## EXTRACTED RECORDS
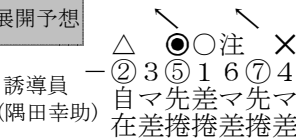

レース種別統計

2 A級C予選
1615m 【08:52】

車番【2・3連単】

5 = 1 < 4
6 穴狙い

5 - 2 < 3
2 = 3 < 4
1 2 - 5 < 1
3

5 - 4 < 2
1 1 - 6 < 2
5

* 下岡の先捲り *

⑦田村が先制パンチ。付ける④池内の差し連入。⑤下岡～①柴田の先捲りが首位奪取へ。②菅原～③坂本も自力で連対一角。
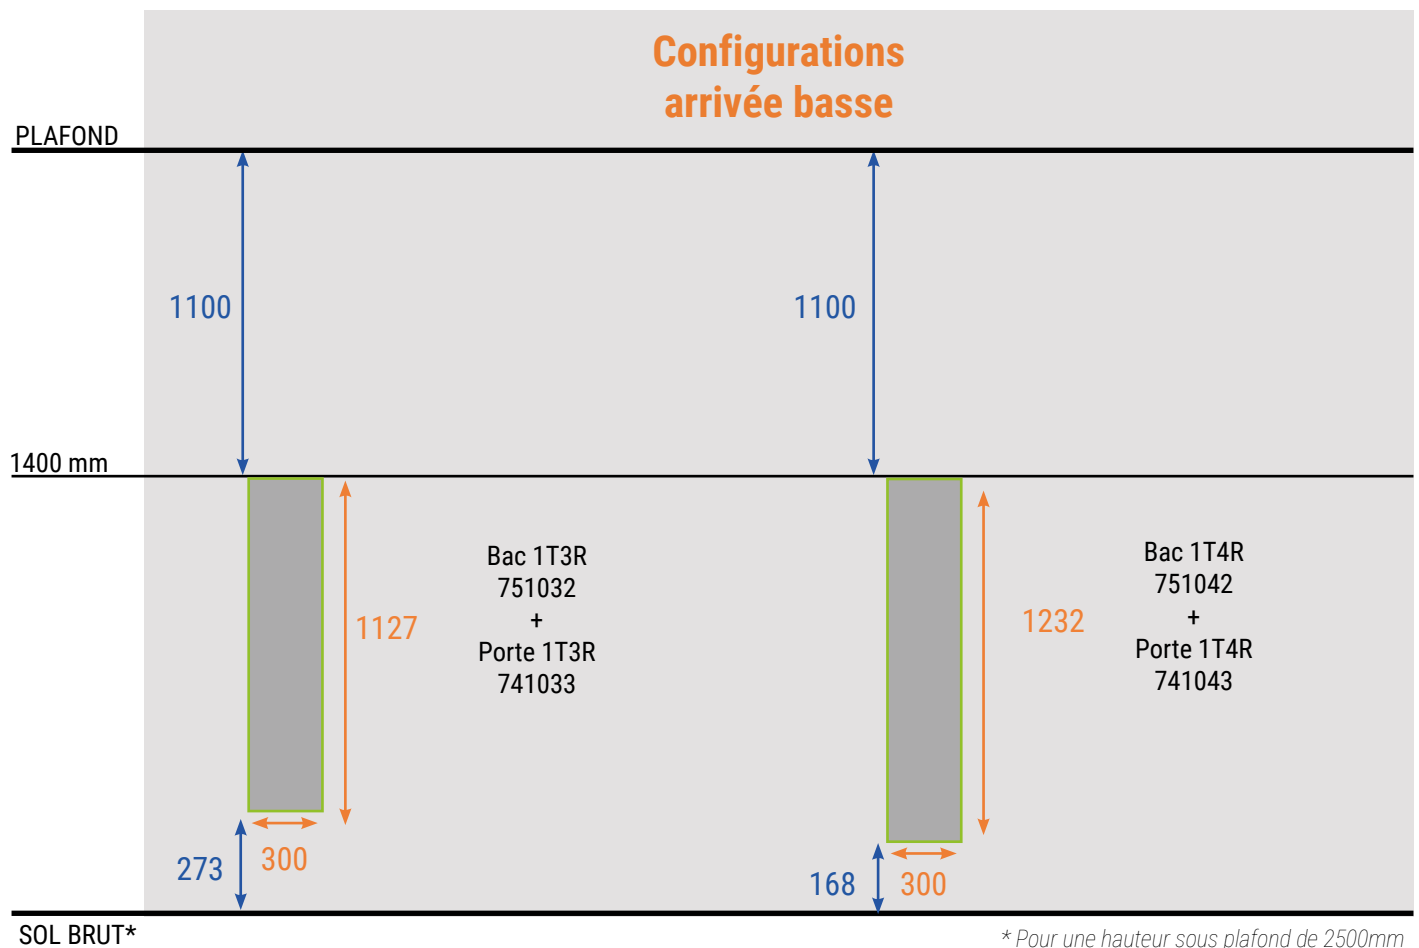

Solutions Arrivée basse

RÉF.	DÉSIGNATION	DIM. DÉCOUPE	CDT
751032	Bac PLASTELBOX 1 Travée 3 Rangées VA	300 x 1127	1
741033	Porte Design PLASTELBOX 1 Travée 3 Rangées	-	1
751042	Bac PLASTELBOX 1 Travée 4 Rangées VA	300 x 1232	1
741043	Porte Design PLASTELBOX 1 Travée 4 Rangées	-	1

## YOUR TASK
Retype the whole listing exactly and leave the pictures out.

## OUTPUT BELOW
レース種別統計

2 A級C予選
1615m 【08:52】

車番【2・3連単】

5 = 1 < 4
6 穴狙い

5 - 2 < 3
2 = 3 < 4
1 2 - 5 < 1
3

5 - 4 < 2
1 1 - 6 < 2
5

* 下岡の先捲り *

⑦田村が先制パンチ。付ける④池内の差し連入。⑤下岡～①柴田の先捲りが首位奪取へ。②菅原～③坂本も自力で連対一角。

Solutions Arrivée basse

RÉF.	DÉSIGNATION	DIM. DÉCOUPE	CDT
751032	Bac PLASTELBOX 1 Travée 3 Rangées VA	300 x 1127	1
741033	Porte Design PLASTELBOX 1 Travée 3 Rangées	-	1
751042	Bac PLASTELBOX 1 Travée 4 Rangées VA	300 x 1232	1
741043	Porte Design PLASTELBOX 1 Travée 4 Rangées	-	1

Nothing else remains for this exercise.